LOHF: Tell us a bit about your WIP, please!

I mentioned Conviction, which I’ve been working on for a year. It will be published in an exclusive crowdfunding project created by Joseph Sale called †3Dark. I’ll be featured along Richard Thomas (Gamut Magazine), Anthony Self (Storgy Magazine), and Andy Cashmore.
I’m really proud of it, and I think Sick fans will love it.

Conviction is about Michael, a teen suicide risk who meets a wealthy, beautiful young man named Sebastian. Seb inherited a large farm from his mysteriously deceased parents and lives there with a group of young people who share some extreme ideas about the food chain, humans included. Michael runs away from home to be indoctrinated into Seb’s cult. It’s the first time he’s felt like part of something and he becomes infatuated with Seb, blocking out his instincts that tell him something isn’t kosher about the farm.

Conviction is an LGBT story about how we consume living beings, and how love consumes us. That’s all I’ll give away! The Indiegogo campaign will be closed by the time this interview comes out, but issues should be available after publication at christawojo.com/13dark.

I’m also working on a transgressive scifi novella about a junkie who wakes up in a sewer gnawing on a dead man’s head without any recollection of how he got there. I’ll be pitching that out within the next few months to scifi publishers. It is by far the weirdest thing I ever wrote.

LOHF: What is the best horror movie you’ve seen in the past couple of years?

Raw impressed me. It was very artfully done. A few scenes were so horrific, they really took my breath away. I love European film, so it was two of my loves in one movie.

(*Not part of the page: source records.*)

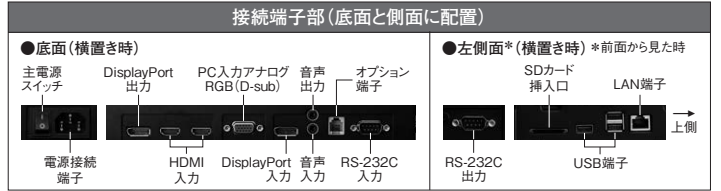

受付/対応時間 月曜日~金曜日(9:00~17:00)
※土曜日・日曜日・祝日など弊社休日を除く
ビジネスソリューション事業本部
ビジュアルソリューション事業部 国内営業部 サポートセンター

■価格については販売店にお問い合わせください。
■このカタログについてのお問い合わせは、販売店にご相談ください。もし、販売店でお分かりにならないときは、左記におたずねください。

周辺機器(別売)					
品名	形名	B501	B401	仕様	製造番号
フロアスタンド	PN-ZS601	○	○	・横/縦付用・質量 約32kg	①
	SS-IC55	○	○	・横/縦付用・質量 約17.2kg	②
	XS-3247L	—	○	・横/縦付用・質量 約13kg	③
	XS-3247H	—	○	・横/縦付用・質量 約16.5kg	④
フロアスタンド(木目調)	PH-915	○	○	・横/縦付用・角度調節 -14、-7、0、5、12度・質量 約44kg	③
	LCDS-03MAL	○	○	・横/縦付用・質量 約39.5kg	④
	OEM-SHP001※6	○	○	・縦付用・質量 約33.6kg	⑤
	SS-TRI11※7	○	○	・横/縦付用・質量 約35.5kg	⑤
イーゼルススタンド	CMP-45SC-S	—	※10	・横/縦付用・質量 約6.5kg	⑥
卓上スタンド	BT-55	○	○	・横付用・質量 約10.5kg	⑦
	PN-ZK601	○	○	・横付用/角度調節 0、5、10、15度・質量 約5.8kg	①
	PN-ZK602	○	—	・縦付用/角度調節 0、5、10、15度・質量 約8.6kg	①
	PN-ZK703	○	○	・横/縦付用/角度調節 0度・質量 約2.9kg	①
壁掛け金具	FFP-NM10-X	○	○	・横付用/角度調節 0~10度・質量 約7kg	⑧
	FFP-NM10-Y	○	○	・横付用/角度調節 0~10度・質量 約7kg	⑧
	FFP-NM00-X	○	○	・横付用/角度調節 0度・質量 約6.5kg	⑧
	FFP-NM00-Y	○	○	・横付用/角度調節 0度・質量 約6.5kg	⑧
天吊金具	FFP-CA4-700	○	○	・ボール長700mm・横付用/角度調節 0、10、20度・質量 約18kg	⑧
	FFP-CA4-900	○	○	・ボール長900mm・横付用/角度調節 0、10、20度・質量 約18.9kg	⑧
	FFP-CA4-1100	○	○	・ボール長1100mm・横付用/角度調節 0、10、20度・質量 約19.8kg	⑧
コントローラーボード	PN-ZB03C	○	○	・詳細はWebサイトをご覧ください。	①
HDBaseT受信ボード	PN-ZB03H※8	○	○	・詳細はWebサイトをご覧ください。	①
ワイヤレスボード	PN-ZB03W	○	○	・詳細はWebサイトをご覧ください。	①
ワイヤレスアダプター	PN-ZW01※9	○	○	・詳細はWebサイトをご覧ください。	①

The Neon Demon is another one that stands out. In our society, we’re so desperate for beauty, we go to gruesome lengths to keep it. The older you get, the more you can relate to that fear of youth slipping away. Then that scene with Jena Malone! I thought, “Oh no, they’re not going to go there. They wouldn’t do that.” And they did! And I was like, damn, they have huge balls—the writer, director, and especially Jena Malone. I respect that. I like to push the same boundaries in my writing.

LOHF: What book by a female horror author do you feel needs to be adapted immediately?

Angela Carter’s The Lady of the House of Love directed by Neil Jordan or The Erl-King directed by Guillermo del Toro. I dream of The Sick Series directed by Lars Von Trier.

LOHF: Who are some up-and-coming ladies of horror fiction that we should be on the lookout for?

I’m a bit ashamed to admit that I’ve been stuck on the classics so long (Emily and Charlotte Bronte, Daphne du Maurier, Angela Carter, Mary Shelley) that I have little experience with up-and-coming ladies of horror.

I wonder if most of us female horror authors are lost to each other. I feel like many people think women cannot or should not write horror. “How could such a nice girl like you write something like that?” I get that all the time. So I’m eager for recommendations from your readers, and I can’t wait to see the other authors you will be featuring.

Thanks so much for having me and for putting the spotlight on Ladies of Horror Fiction! I invite my sisters in horror, scifi, speculative, and dark fiction to reach out to me. I would love to collaborate and support each other.